══ Provided records

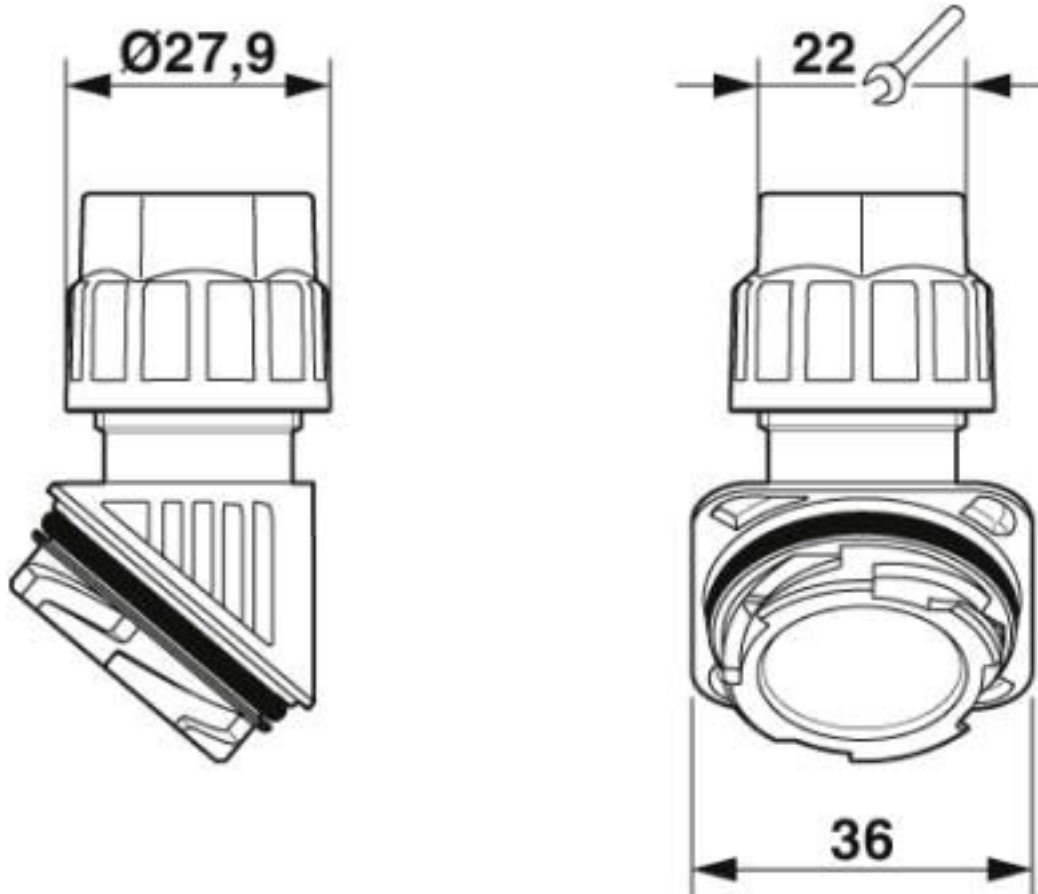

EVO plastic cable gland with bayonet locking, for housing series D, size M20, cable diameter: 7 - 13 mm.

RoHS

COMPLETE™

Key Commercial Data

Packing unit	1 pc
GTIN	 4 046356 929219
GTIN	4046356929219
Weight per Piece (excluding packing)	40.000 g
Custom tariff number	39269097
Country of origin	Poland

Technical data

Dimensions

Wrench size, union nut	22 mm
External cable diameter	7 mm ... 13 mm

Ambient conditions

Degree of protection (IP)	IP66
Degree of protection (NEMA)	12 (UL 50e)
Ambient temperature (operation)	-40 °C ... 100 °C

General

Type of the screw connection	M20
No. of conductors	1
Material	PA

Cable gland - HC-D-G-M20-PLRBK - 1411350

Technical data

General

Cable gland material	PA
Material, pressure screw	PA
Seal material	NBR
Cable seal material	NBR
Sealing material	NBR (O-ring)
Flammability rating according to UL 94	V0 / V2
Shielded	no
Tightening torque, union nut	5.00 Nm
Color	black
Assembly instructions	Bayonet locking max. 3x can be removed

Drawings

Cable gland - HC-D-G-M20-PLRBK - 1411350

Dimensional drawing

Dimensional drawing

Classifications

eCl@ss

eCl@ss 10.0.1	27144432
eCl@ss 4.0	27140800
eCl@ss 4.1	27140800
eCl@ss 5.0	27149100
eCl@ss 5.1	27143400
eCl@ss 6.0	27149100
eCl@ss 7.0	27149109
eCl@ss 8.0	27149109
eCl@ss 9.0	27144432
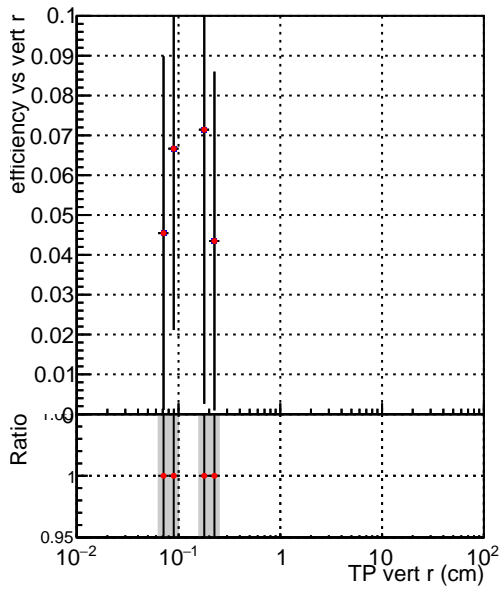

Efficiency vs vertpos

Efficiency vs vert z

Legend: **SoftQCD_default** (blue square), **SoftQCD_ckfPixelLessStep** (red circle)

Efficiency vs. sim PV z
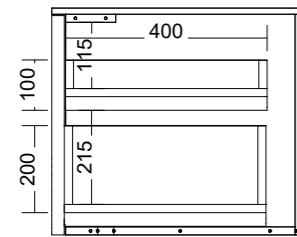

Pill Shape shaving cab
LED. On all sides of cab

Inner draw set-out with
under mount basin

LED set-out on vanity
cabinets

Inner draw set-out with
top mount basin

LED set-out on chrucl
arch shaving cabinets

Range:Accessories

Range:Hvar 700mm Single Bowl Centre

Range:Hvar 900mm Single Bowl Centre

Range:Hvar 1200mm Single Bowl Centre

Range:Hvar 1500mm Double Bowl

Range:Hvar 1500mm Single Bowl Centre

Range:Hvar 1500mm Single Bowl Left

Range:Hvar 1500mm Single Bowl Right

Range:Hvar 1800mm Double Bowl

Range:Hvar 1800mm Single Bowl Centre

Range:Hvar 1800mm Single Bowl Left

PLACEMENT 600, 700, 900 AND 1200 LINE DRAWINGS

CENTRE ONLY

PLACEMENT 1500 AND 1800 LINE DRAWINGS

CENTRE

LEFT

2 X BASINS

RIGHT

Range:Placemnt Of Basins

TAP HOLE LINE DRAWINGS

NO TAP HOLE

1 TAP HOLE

════

§ Activity
Only lines holding the word "locking" are wanted, so copy each of them from the records above.

§ Written response
EVO plastic cable gland with bayonet locking, for housing series D, size M20, cable diameter: 7 - 13 mm.
Assembly instructions	Bayonet locking max. 3x can be removed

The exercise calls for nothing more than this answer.